# Băiețoiul



## Banshee_98

Hello everyone,

I am currently working on a masters thesis in France on the reception and translation of the French novel _La Garçonne_ by Victor Margueritte in English. La garçonne can be translated as a tom boy, a flapper, a single woman, in the context of the book.

With a view to getting a holistic vision of the book's perception in different languages and cultures, I am comparing and contrasting the titles in various languages. Could anyone help clear up the title "*Băiețoiul*" for me ? Its formation and connotations ? The other titles chosen were Baetana. Could anyone also explain "băiețoi" and "fată băiețoasă"?

Previous post:"With a view to getting a holistic vision of the book's perception in different languages and cultures, I am comparing and contrasting the titles in various languages.
I was wondering if anyone could elucidate and translate one of the chosen titles in Romanian "Băiețoiul". The others were variations "Băețana". I know of the terms _*băiețoi*_ and _*fată băiețoasă*_. What are the connotations of these words as well ?"

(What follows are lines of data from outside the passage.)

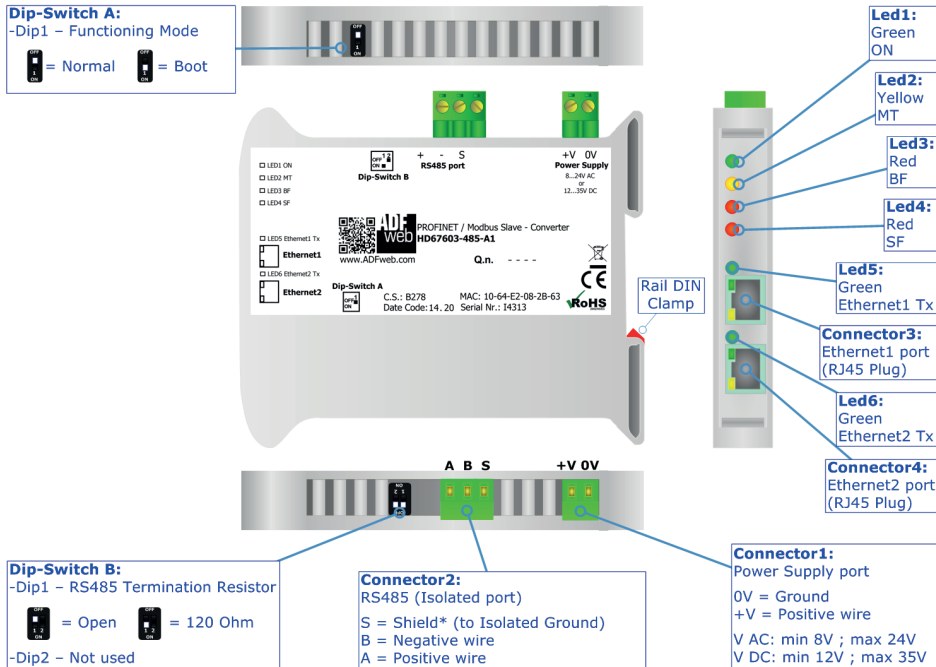

## PROFINET / Modbus Slave - Converter

Box Sheet for Order code: HD67603-485-A1  
Document code: BS67603-485-A1  
V1.003

**ADFweb.com srl**

Strada Nuova, 17, IT-31010 Marenco di Piave, Treviso - Italy

[www.ADFweb.com](http://www.ADFweb.com)

# CONNECTION SCHEME

Order code: HD67603-485-A1

Order code: HD67603-485-A1

Thank you very much, I'd grateful for your help !


----------



## farscape

(rushing to get in the office) for now: "Băețana" is not a proper Romanian word. Băiețoiul - The tomboy.


----------



## Banshee_98

farscape said:


> (rushing to get in the office) for now: "Băețana" is not a proper Romanian word. Băiețoiul - The tomboy.


thanks for that ! hope you weren't too late !


----------



## farscape

Adding a few details:
*băiețoi* (from băiat + sufix oi) may also refer to a girl fitting the tomboy description. Sometimes is used in a pejorative way. 

*băietan* (băiat + suffix an) refers to an older boy however the supposed feminine version *băietană* is not in the dictionary.


----------